La mine, située dans une zone reculée à moins de 240 kilomètres au sud du cercle polaire arctique, a produit plus de 150 millions de carats de diamants bruts pendant son exploitation et est devenue un pilier économique majeur de la région.
« Il s'agit d'un jour historique pour Diavik et les Territoires du Nord-Ouest et une grande source de fierté pour cette réussite canadienne unique », a déclaré Matthew Breen, chef de l'exploitation de Diavik.
« Diavik est le fruit d'une collaboration inspirée entre une société minière moderne et des partenaires autochtones, avec un héritage durable de bénéfices socioéconomiques pour le Nord.
Des organisations gouvernementales autochtones, des représentants du gouvernement et d'autres parties prenantes ont assisté à une célébration à la mine, marquant officiellement l'achèvement de la production.
Les activités de fermeture s'étendront jusqu'en 2029, suivies d'une période de surveillance post-fermeture, a indiqué Rio Tinto, l'unique propriétaire de la mine depuis 2021.
« Nous sommes impatients de continuer à récupérer respectueusement les terres, conformément à nos engagements envers le gouvernement des Territoires du Nord-Ouest et nos partenaires autochtones, et en partenariat avec eux », a déclaré Breen.
La production finale de diamants bruts sera taillée et vendue jusqu'en 2026 et au-delà par le réseau international de clients de Rio Tinto et ses Select Diamantaires.
Hormis Diavik, il existe deux mines de diamants actives au Canada : Ekati (propriété de Burgundy Diamond Mines) et Gahcho Kué (propriété du groupe De Beers).
Diavik, comprenant quatre cheminées, a été découvert en 1991 sous le lac de Gras, un lac de la toundra subarctique du Canada, à environ 190 milles au nord-est de Yellowknife.
L'exploitation minière a commencé en 2003.
En utilisant à la fois des méthodes d'exploitation minière à ciel ouvert et souterraines, Diavik a produit principalement des diamants blancs de qualité gemme, une petite proportion de diamants jaunes et une poignée de pierres roses.
Dans un cas remarquablement rare l'été dernier, il a donné un diamant violet.
Parmi les découvertes les plus remarquables figure un diamant jaune de 552,74 carats récupéré en 2018, qui détient le titre de plus gros diamant jamais trouvé en Amérique du Nord.
Le gouvernement des Territoires du Nord-Ouest a qualifié Diavik de « pilier de l’économie des Territoires du Nord-Ouest ».
En plus de produire plus de 150 millions de carats de diamants bruts, l’exploitation a soutenu plus de 1 100 emplois par an et a contribué à près de 10 % du PIB du territoire.
« La mine a investi environ 11,75 milliards de dollars au cours de sa durée de vie, dont 8 milliards de dollars dans le Nord, tout en aidant à bâtir des partenariats autochtones, des entreprises locales et une main-d'œuvre hautement qualifiée dans le Nord », a-t-elle déclaré dans un communiqué.
Même si la durée de vie initiale de la mine était prévue pour 2025, la transition de sa canalisation A21 vers une exploitation souterraine à la fin de 2024 a prolongé la durée de vie de Diavik jusqu'au premier trimestre de 2026.

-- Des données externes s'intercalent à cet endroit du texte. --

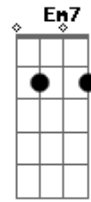

© ukulele-chords.com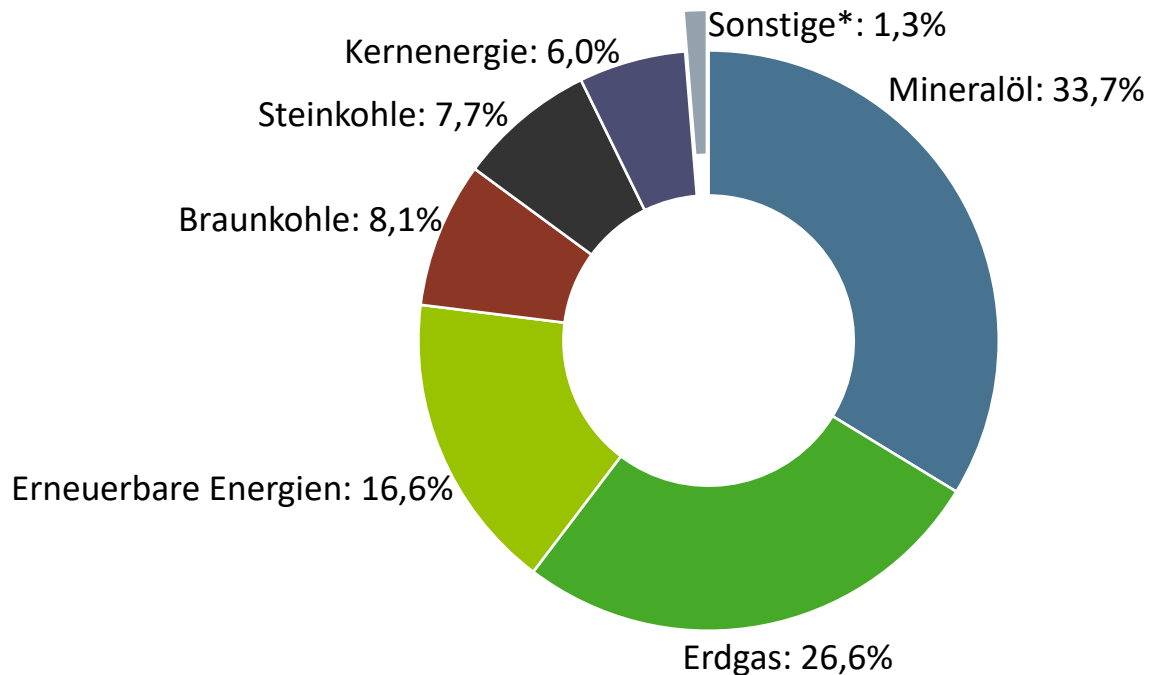

Primärenergieverbrauch in Deutschland

2020 insgesamt:
11.784 PJ (vorläufig)

Quelle: AG Energiebilanzen;
Stand 03/2021

* einschließlich Stromaustauschsaldo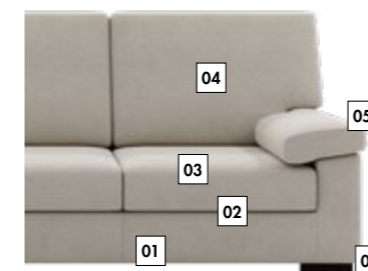

DALLAS

PROMOZIONI DIVANI 2024-2025

01. Struttura di legno massello e stratificato di abete, pannelli di mdf. Rivestimento con tessuto indemagliabile bianco accoppiato a fibra di PL da 150gr.
02. Sostegno sedili con cinghie elastiche da 7 cm Intes Elabelt intrecciate.
03. Cuscino sedile di PU espanso ds 30 kg/mc elastico indeformabile rivestito con fibra di PL agugliata accoppiata a fibra di PL da 200 gr.
04. Cuscino schienale di PU espanso ds 18 kg/mc indeformabile elastico rivestito con tessuto bianco indemagliabile accoppiato a fibra di PL da 200 gr.
05. Cuscino bracciolo di PU espanso ds 25 kg/mc elastico indeformabile
06. Piedino di legno di faggio tinto wenge con bordino cromato. Altezza 6 cm.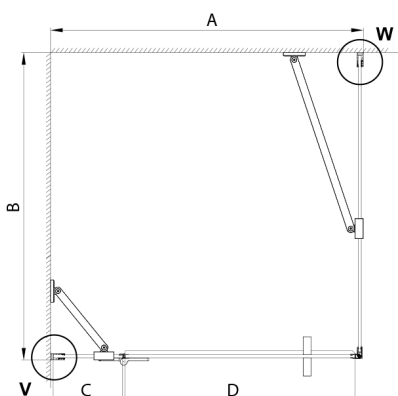

## TRINITY BLACK kabina prysznicowa 1000x800mm, szkło matowe, lewe

**Kod:** GT5610-10ML-B

**Rozmiary**

Szerokość: 1000 mm  
 Wysokość: 2000 mm  
 Głębokość: 1000 mm

**Właściwości**

Gwarancja: 3 lata

### Karta techniczna

MODEL	A	B	C	D
800x800	785-800	785-800	167	585
800x900	785-800	885-900	167	585
800x1000	785-800	985-1000	167	585
800x1200	785-800	1185-1200	167	585
900x800	885-900	785-800	267	585
900x900	885-900	885-900	267	585
900x1000	885-900	985-1000	267	585
900x1200	885-900	1185-1200	267	585
1000x800	985-1000	785-800	367	585
1000x900	985-1000	885-900	367	585
1000x1000	985-1000	985-1000	367	585
1000x1200	985-1000	1185-1200	367	585
1100x800	1085-1100	785-800	467	585
1100x900	1085-1100	885-900	467	585
1100x1000	1085-1100	985-1000	467	585
1100x1200	1085-1100	1185-1200	467	585
1200x800	1185-1200	785-800	567	585
1200x900	1185-1200	885-900	567	585
1200x1000	1185-1200	985-1000	567	585
1200x1200	1185-1200	1185-1200	567	585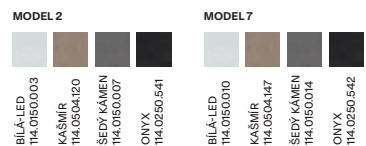

12 463 Kč

Dřezy Fragranite

Doplnky ke dřezům
naleznete na straně 60-61

MRG 110-37

DŘEZ PRO SPODNÍ MONTÁŽ

Spodní skříňka od 450 mm
Rozměry 403 × 433 mm
Dřez 370 × 400 × 200 mm
Nerezová krytka ventilu
Dřez je bez sifonu*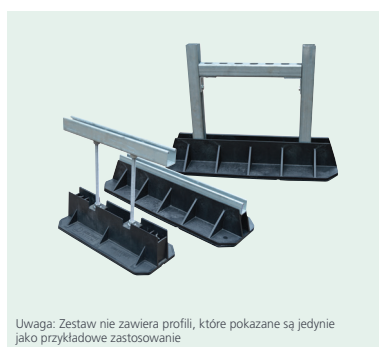

Multi Foot

Multi Foot to wielofunkcyjny wspornik korytka kablowego lub rury. Wykonany z nylonu, pasuje zarówno pod kanał, wspornik lub pręt gwintowany – uniwersalny i ekonomiczny.

GŁÓWNE ZALETY

- Szybki i łatwy montaż
- Dostępne 2 rozmiary
- Sztywna nylonowa stopa
- Uniwersalne zastosowanie do kanałów, wsporników lub prętów gwintowanych
- Pasuje do pełnego zakresu rozmiarów wsporników
- Przyklejane maty gumowe zapewniają dodatkową ochronę dachu
- Wygodne opakowanie

ZASTOSOWANIE

Opis	Nr art.	Długość (mm)	Szerokość (mm)	Wysokość (mm)	Masa (kg)	Maks. obciążenie (kg)
400 mm – 4 opakowanie	B9640	400	180	80	6	259
600 mm – 3 opakowanie	B9655	600	220	80	11.7	474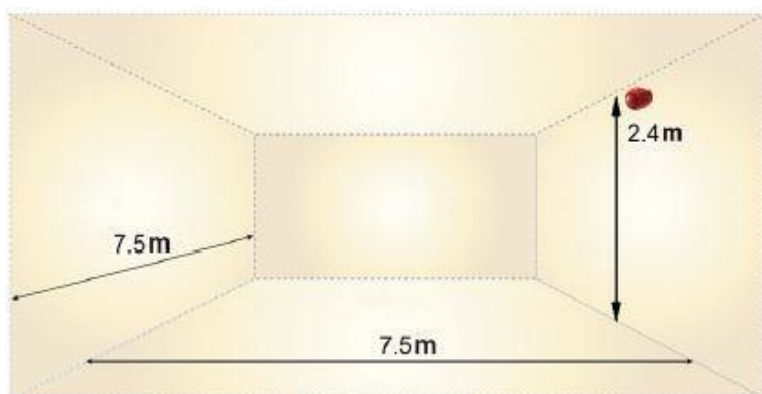

FAW350

Hagyományos LED-es villanó, normál aljzattal, fali szerelésű - PIROS villanó fény

Működési feszültség	17 – 60 VDC
Áramfelvétel	20 mA @ 0,5Hz 40 mA @ 1 Hz
Villogási frekvencia	0,5 Hz vagy 1 Hz
Szinkronizáció	Automatikus
IP védettség	IP21
Működési hőmérséklet	-25°C-tól +70°C-ig
Páratartalom	5%-tól 95%-ig
Aljzat	Normál
Villanó fény színe	Piros
Az eszköz színe	PIROS
Lefedettségi kód	W-2,4-7,5
Szerelés módja	Fali
Maximális telepítési magasság	2,4 méter
Lefedhető négyzet alapú terület	7,5 x 7,5 méter
Méret	100 x 81 mm
Súly	215 g
EN54:23, CPR minősített	igen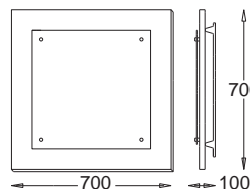

Obraz - kwadra 70 ścienny
Painting, plain quarters 70
OB 330 3833 satyna biała
/ white satin

2G11, PL-L, 3 x 36W
230V, 50Hz
Kl. I, IP 20
(tol. rozm. ±2%)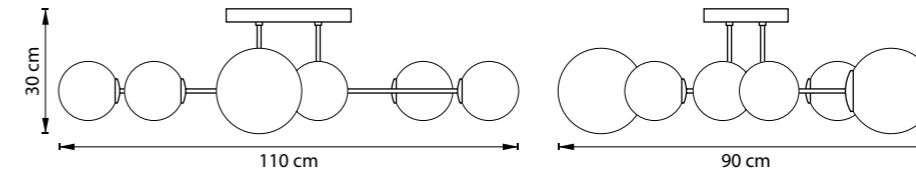

ЛЮСТРА ПОТОЛОЧНАЯ
 8 x E14 max 40W
 5,7 kg

815460
 ЧЕРНЫЙ МАТОВЫЙ
 ЗОЛОТО
 МАТОВЫЙ БЕЛЫЙ

ЛЮСТРА ПОТОЛОЧНАЯ
 6 x E14 max 40W
 4,2 kg

815620
 ЧЕРНЫЙ МАТОВЫЙ
 ЗОЛОТО
 МАТОВЫЙ БЕЛЫЙ

БРА
 2 x E14 max 40W
 1,6 kg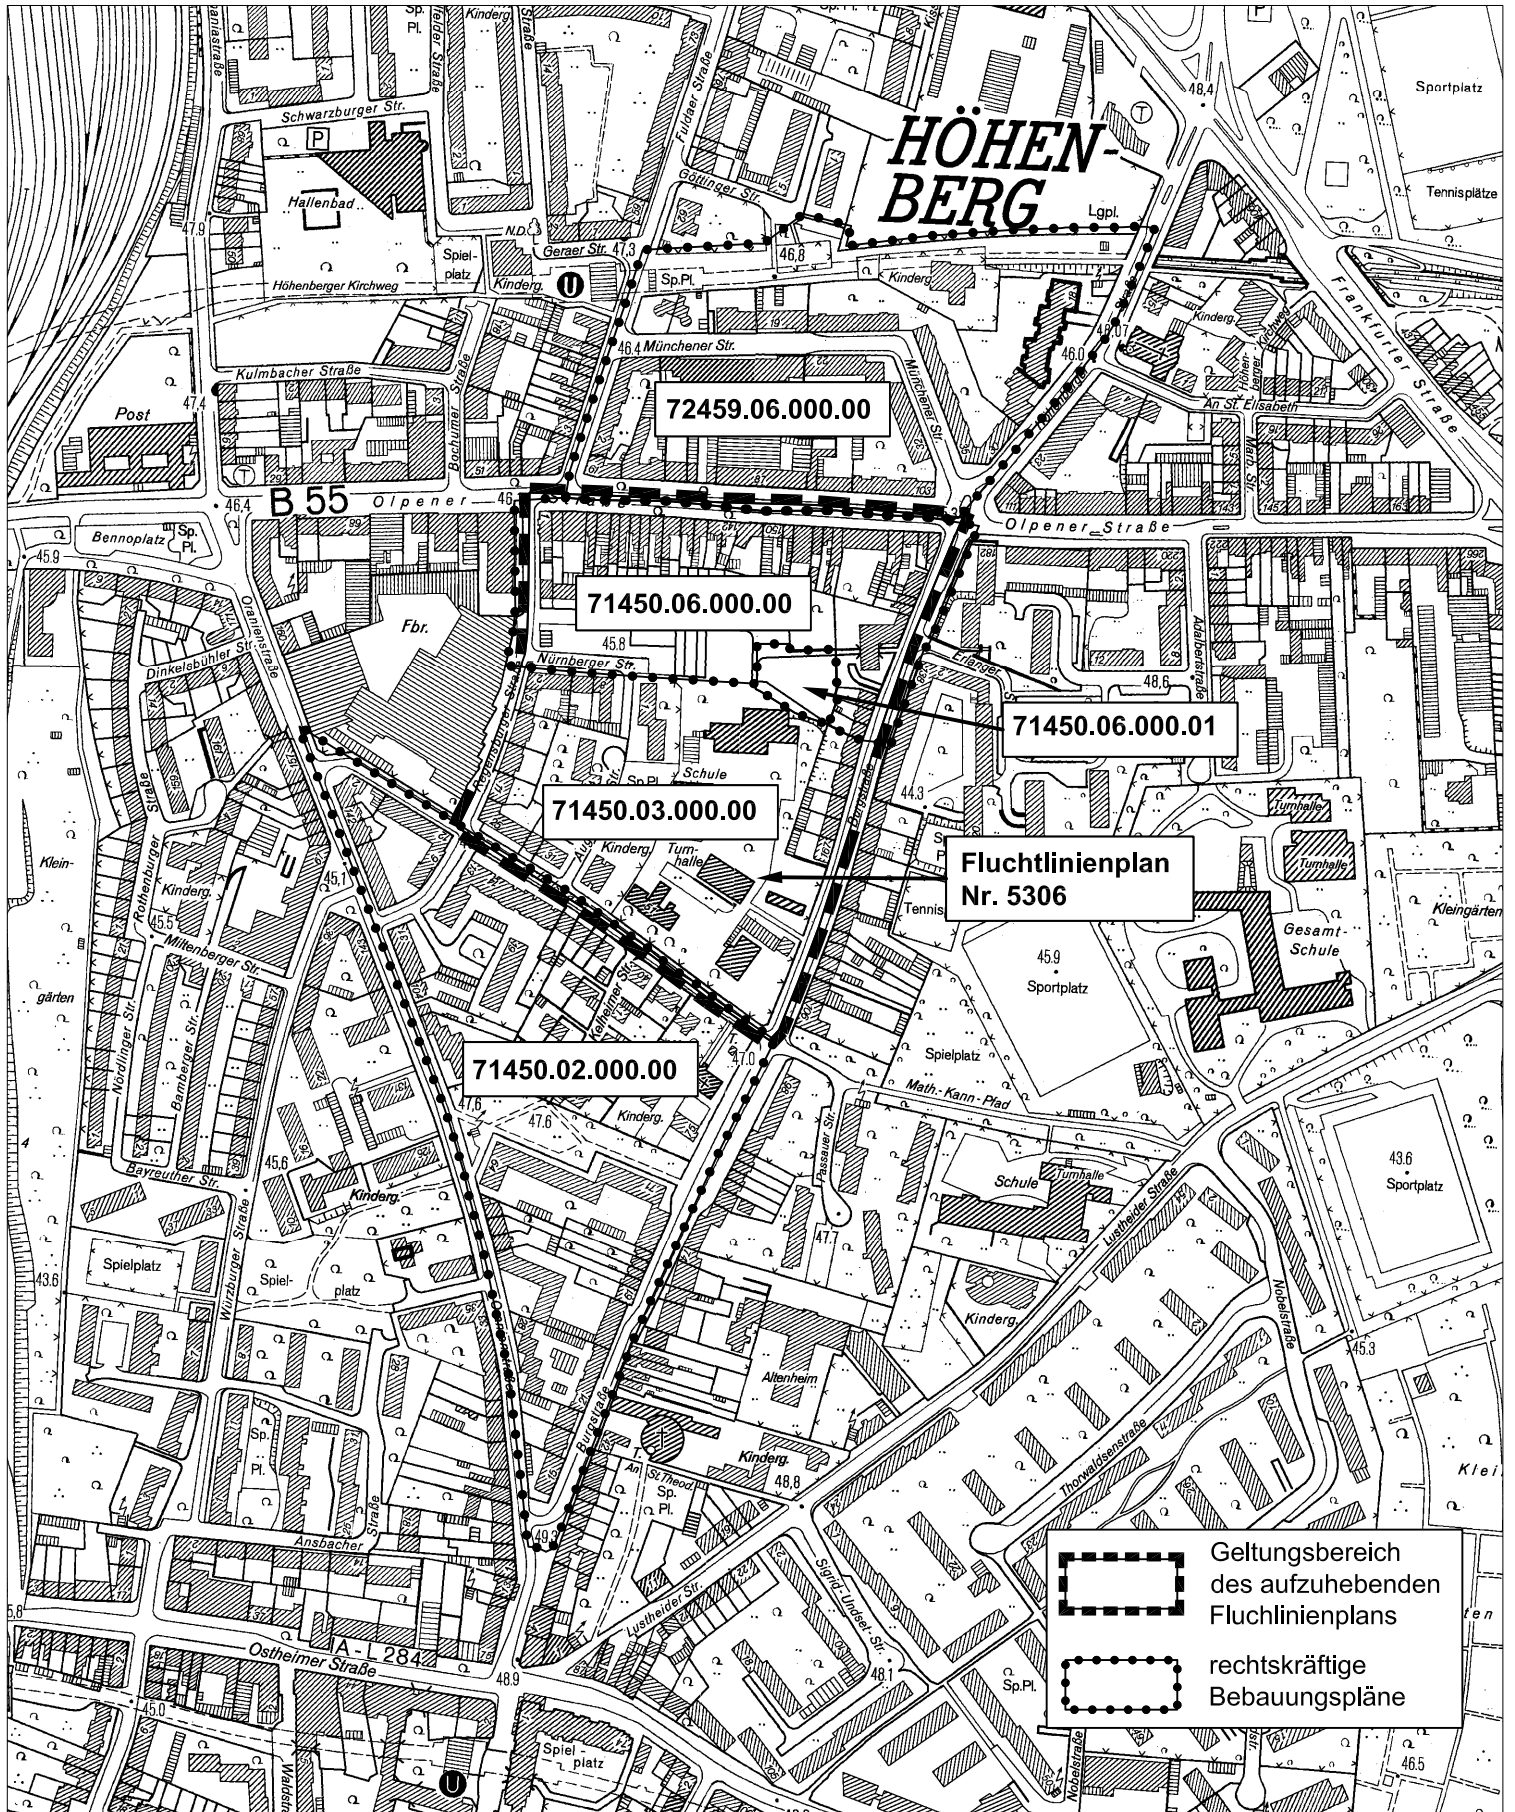

Geltungsbereich des aufzuhebenden Fluchtlinienplan Nr. 5306 in Köln - Höhenberg

**Fluchtlinienplan
Nr. 5306**

71450.02.000.00

71450.03.000.00

71450.06.000.00

72459.06.000.00

71450.06.000.01

 Geltungsbereich des aufzuhebenden Fluchtlinienplans
 rechtskräftige Bebauungspläne

La planification de la fermeture de la mine a cependant commencé avant même que la mine ne commence sa production, a déclaré Rio Tinto, en tenant compte de la sécurité, de l'utilisation des terres, du relief, de l'eau, de la biodiversité, de la capacité des communautés et du développement des ressources.
Les bâtiments sur place sont conçus pour être démolis et éliminés en toute sécurité, selon son site Internet, et lorsque l'exploitation minière prendra fin, les digues seront brisées et l'eau du lac retournera dans les mines à ciel ouvert, pour être reliée au lac.
« Il y a quarante ans, très peu de gens croyaient qu'il y avait des diamants au Canada – encore moins pouvaient prévoir comment l'histoire de Diavik se déroulerait. Pour atteindre cette étape importante, il a fallu de la vision, du courage et de la détermination pour surmonter d'importants défis pour extraire des diamants sous un lac gelé dans l'un des écosystèmes les plus isolés et les plus vierges du monde », a déclaré Sophie Bergeron, directrice générale du fer, du titane et des diamants de Rio Tinto.
« Aujourd'hui, l'influence de Diavik s'étend dans de nombreuses sphères et sur de nombreux continents, et je suis très fier de rendre hommage à toutes les personnes qui ont contribué à la découverte et au développement de la mine ainsi qu'à la production et à la commercialisation de certains des plus beaux diamants que le monde ait jamais vu.